Van deemter biography summary

In ideal conditions, this would be displayed on the chromatogram as a single spike. What actually appears on the chromatogram is a triangular peak. The reason a spike is not produced is due to the process of band broadening. As a column gets older, its separation efficiency will drop and natural band broadening will occur. Band broadening can also be affected by inappropriate experimental parameters, especially mobile phase flow rates.

To discuss how flow rates affect band broadening, some background is needed. The efficiency of a column is sometimes defined by the number of plates N a column has.

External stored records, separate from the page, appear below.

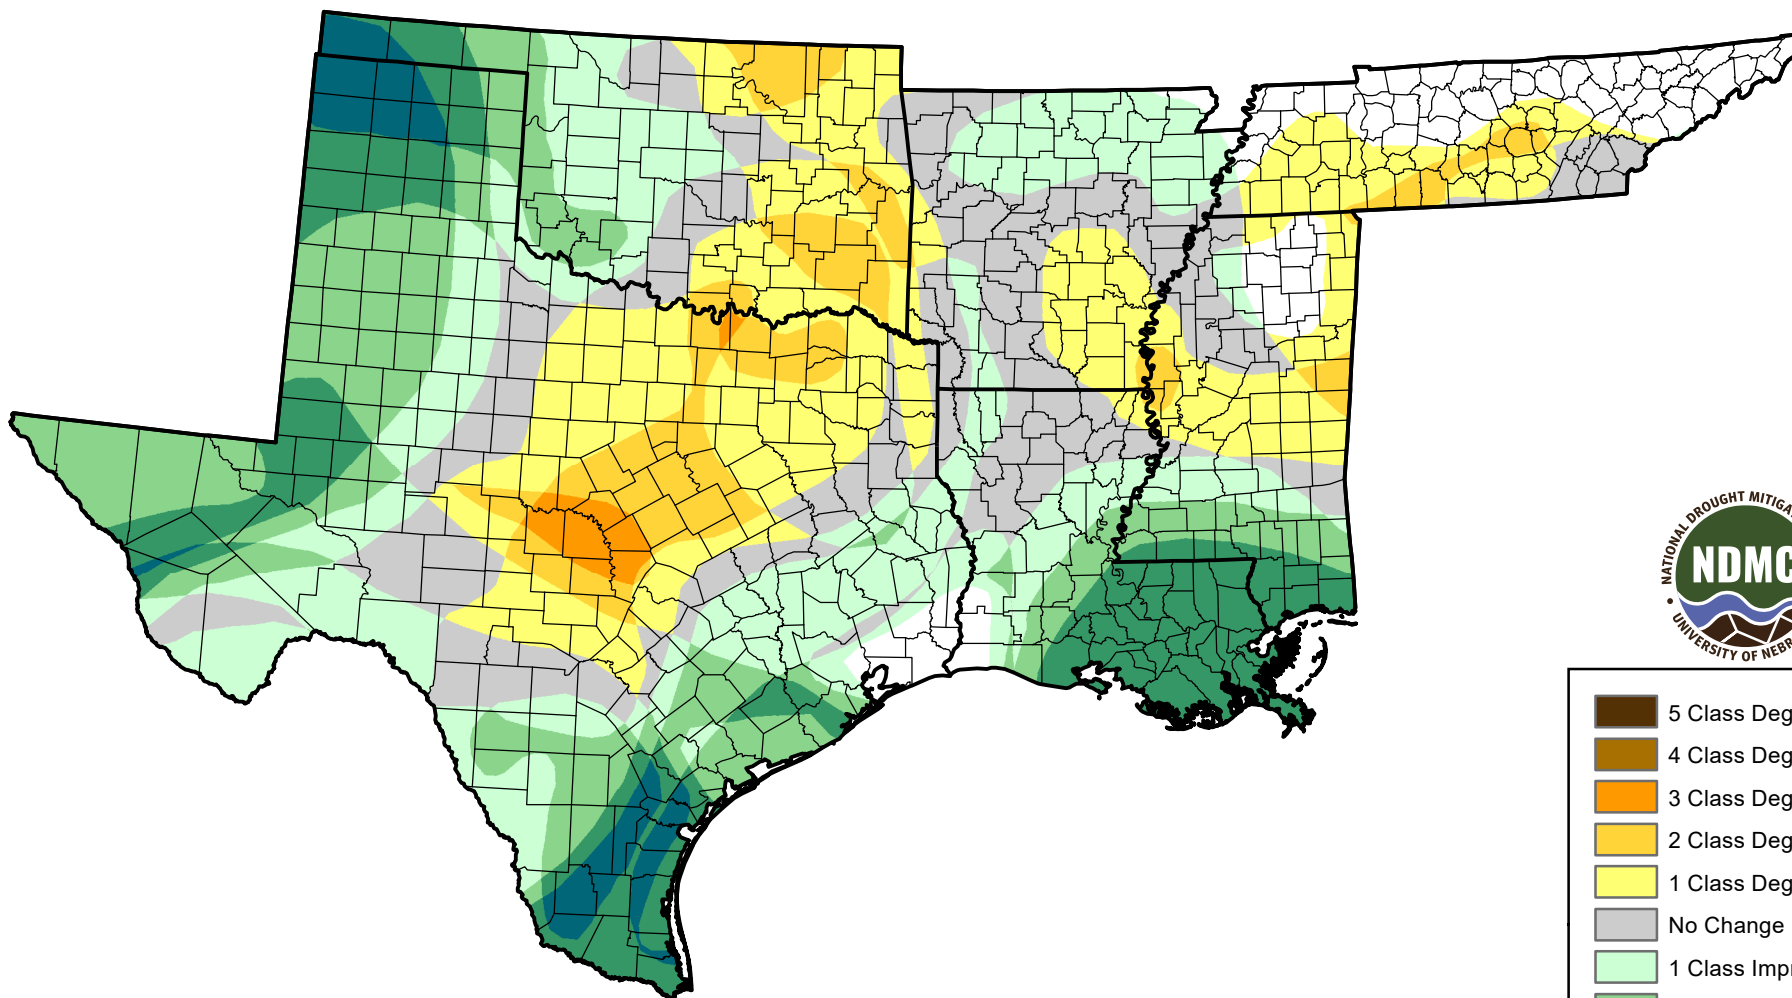

U.S. Drought Monitor Class Change - South

13 Week

September 26, 2006
compared to
June 29, 2006

droughtmonitor.unl.edu

-  5 Class Degradation
-  4 Class Degradation
-  3 Class Degradation
-  2 Class Degradation
-  1 Class Degradation
-  No Change
-  1 Class Improvement
-  2 Class Improvement
-  3 Class Improvement
-  4 Class Improvement
-  5 Class Improvement
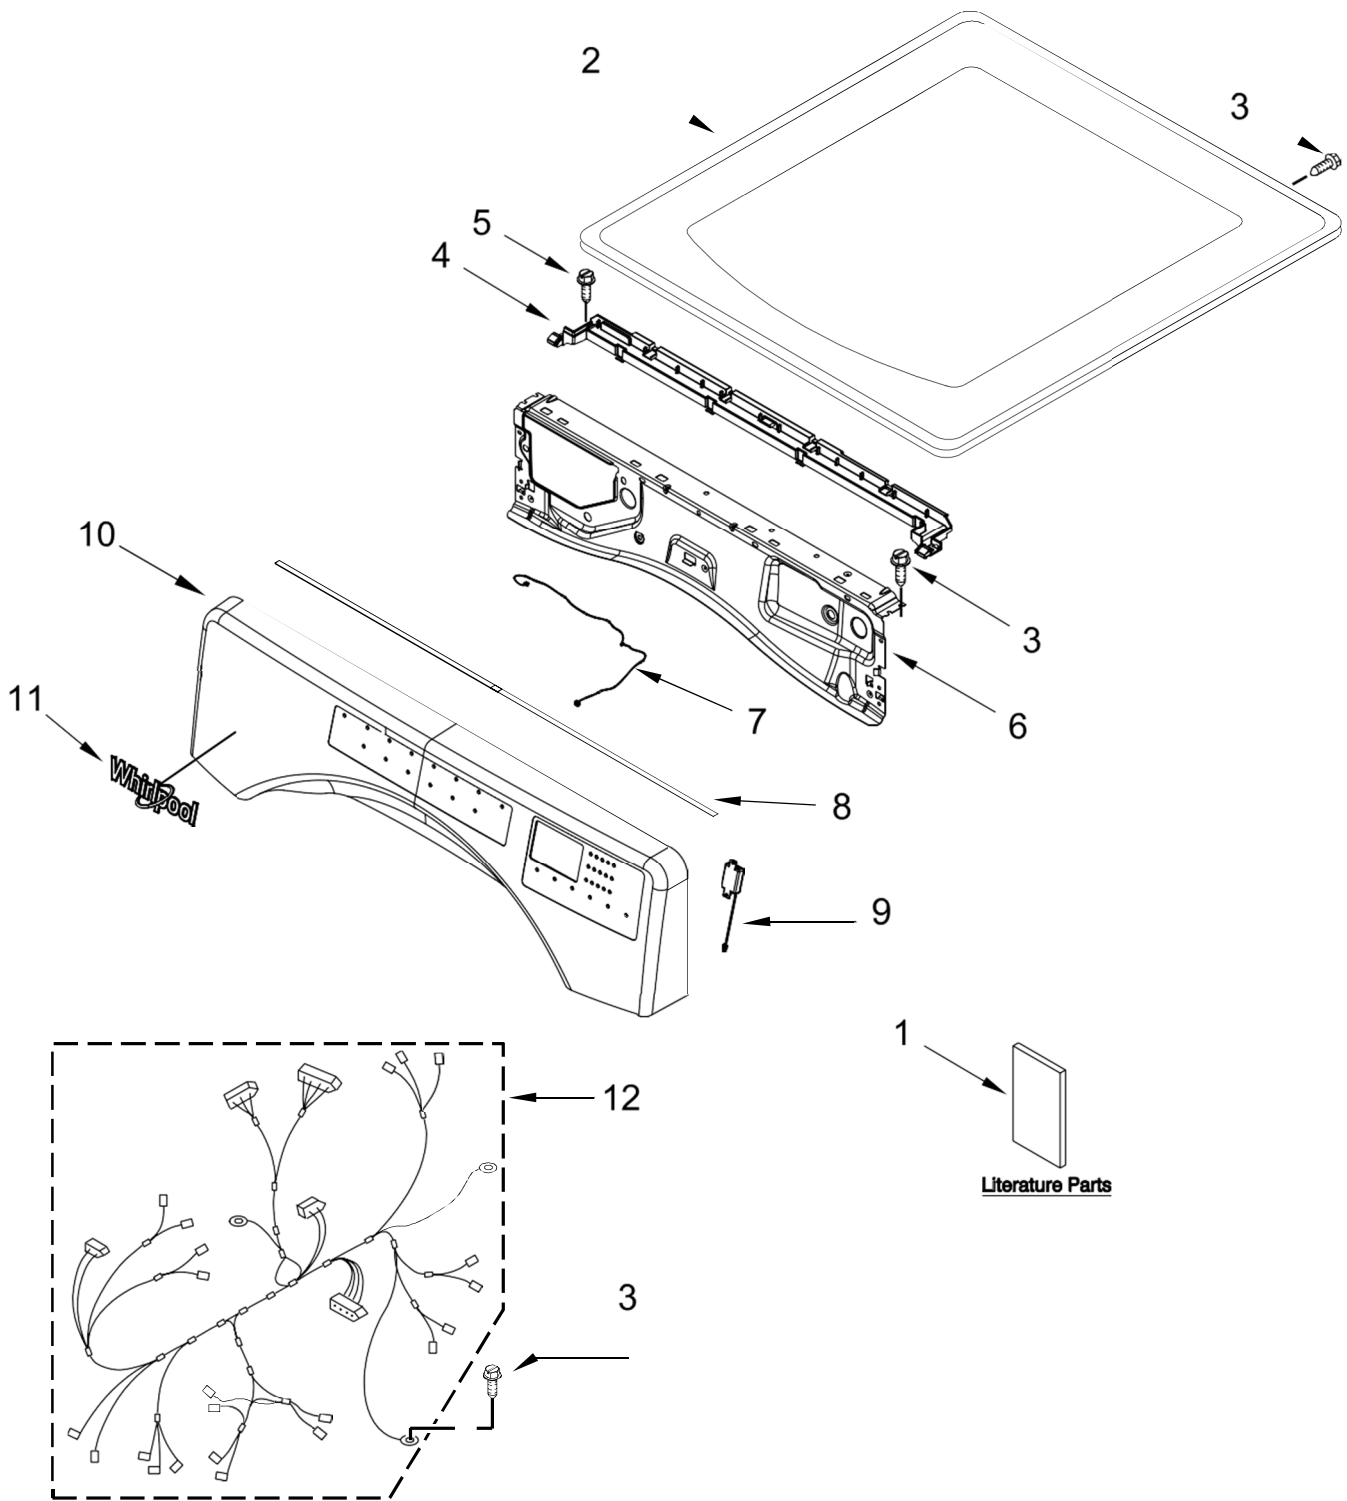

SECADORA 7MWGD6620HW2

SECADORA 7MWGD6620HW2

<u>Illus. No.</u>	<u>Part No.</u>	<u>Description</u>
1		Literature Parts
	W11295171	Use and Care Guide
	W11295169	Installation Instructions
0	W11459719	Tech Sheet
	W11241395	Wiring Diagram
	W11295167	Quick Start Guide
2		Top
	W10208383	White

<u>Illus. No.</u>	<u>Part No.</u>	<u>Description</u>
3	693995	Screw
4	W11255768	Channel, Water
5	12990702	Screw
6	W10208198	Bracket, Console
7	W11160620	Harness, User Interface
8	W11231800	Seal
9	W10568405	Assembly, Speaker

SECADORA 7MWGD6620HW2

SECADORA 7MWGD6620HW2

<u>Illus. No.</u>	<u>Part No.</u>	<u>Description</u>
1	8317339	Cover, Terminal Block
2	3390647	Screw
3	W10773242	Screw
4	W10208382	Bracket, Rear
5	W10487430	Panel, Rear
6		Panel, Side (Left)
	W11177568	White
7		Panel, Side (Right)
	W11177569	White
0	W11461192	Appliance Control Unit (ACU)
9	693995	Screw
10	W10504381	Pad, Foam
11	8529757	Bracket, Burner
12	8565046	Base, Cabinet
13	3392100	Foot, Dryer
	279810	Foot, Optional
		(Extended Length Package Of 2) (Not Included)
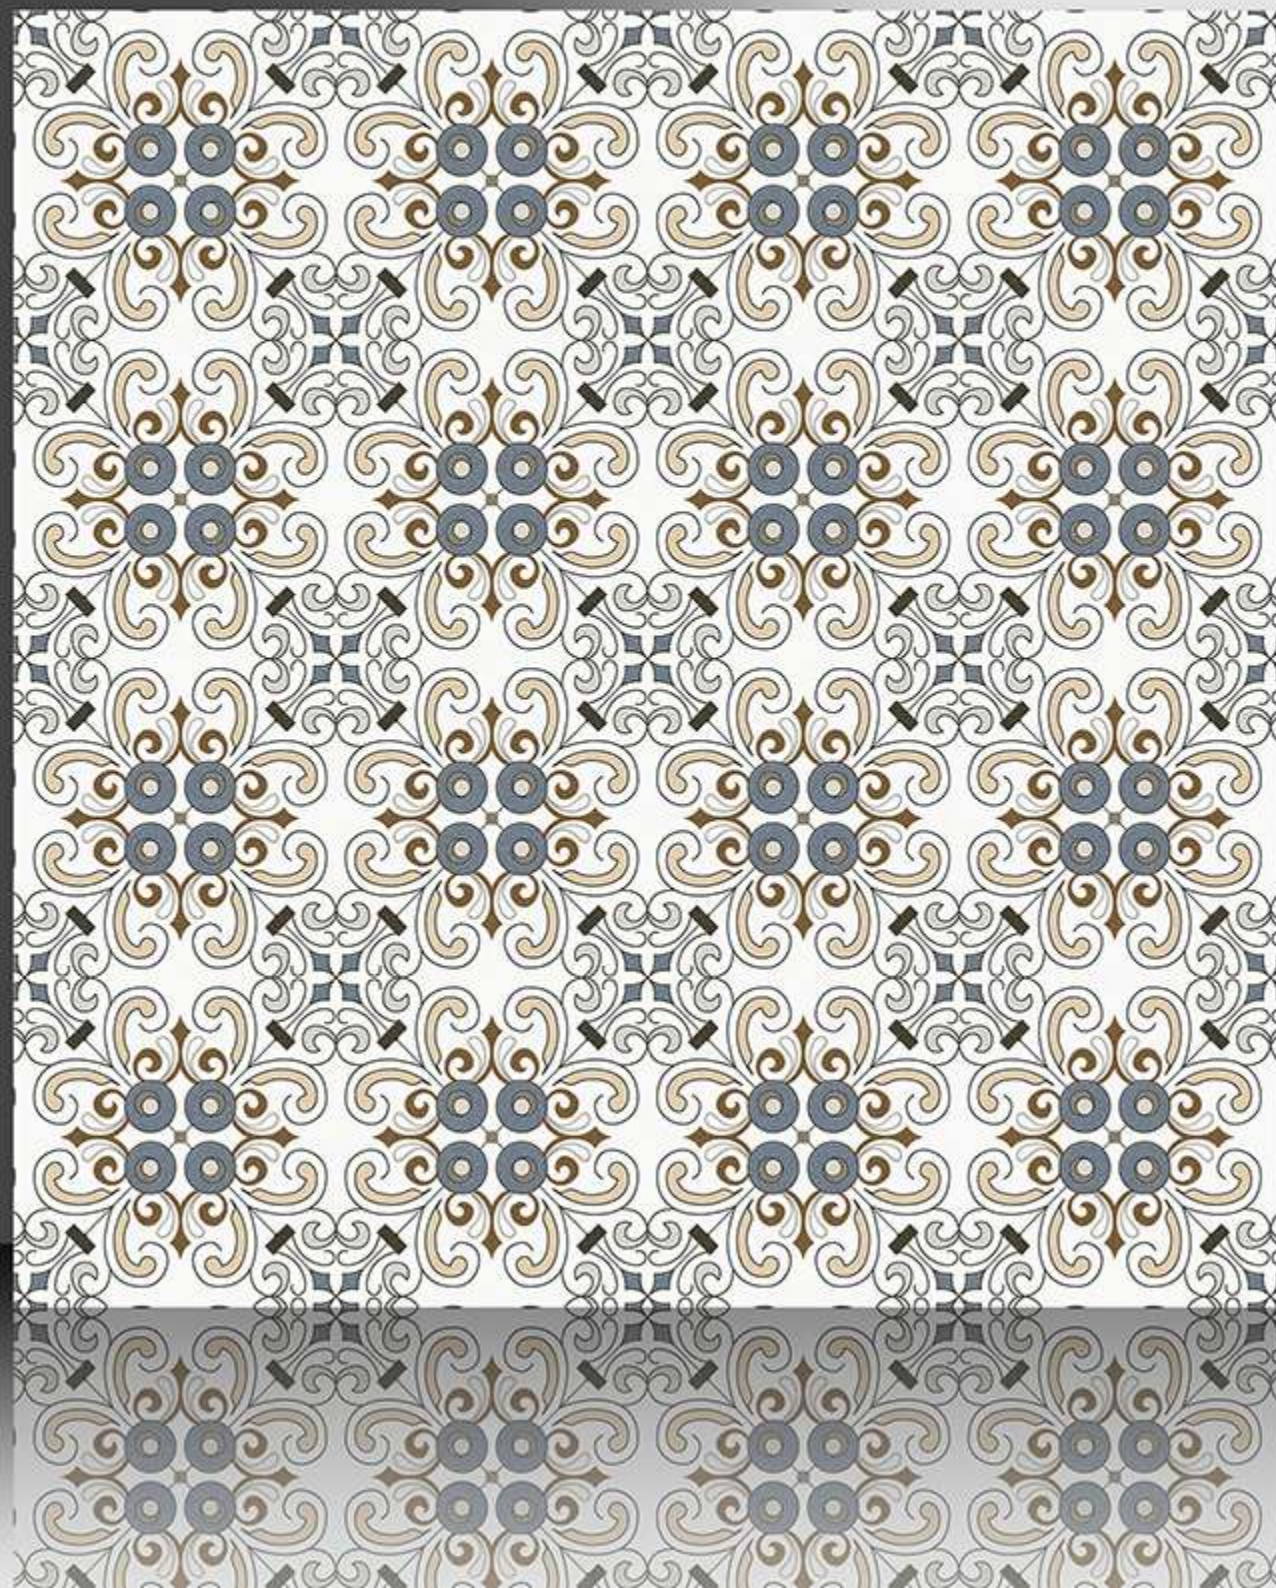

WHITE BODY

PORCELAIN TILES

600X600 mm

This equation shows the relationship between peak efficiency and linear velocity and please see the Chromacademy module on band broadening for the proper.

Imagine a column sliced radially into thousands of thin discs; these are the plates. The more plates a column has, the more efficient the column is and the separation between two solutes will be greater. The plate count for a column is not a fixed number, but depends on the flow rate, the mobile phase used and the nature of the solute. N is calculated after a sample has been run and is proportional to the retention time and inversely proportional to the peak width at half-height.

Therefore, a narrower peak gives a higher N value. This is also a measure of column efficiency, and since column length is fixed, a large value of N gives a small value of HETP. In a simplified form, the Van Deemter equation is:. As shown earlier, the aim is to minimise HETP to improve column efficiency. Gas chromatography GC was invented by a team of researchers led by Martin and James at the University of Chicago in the early s.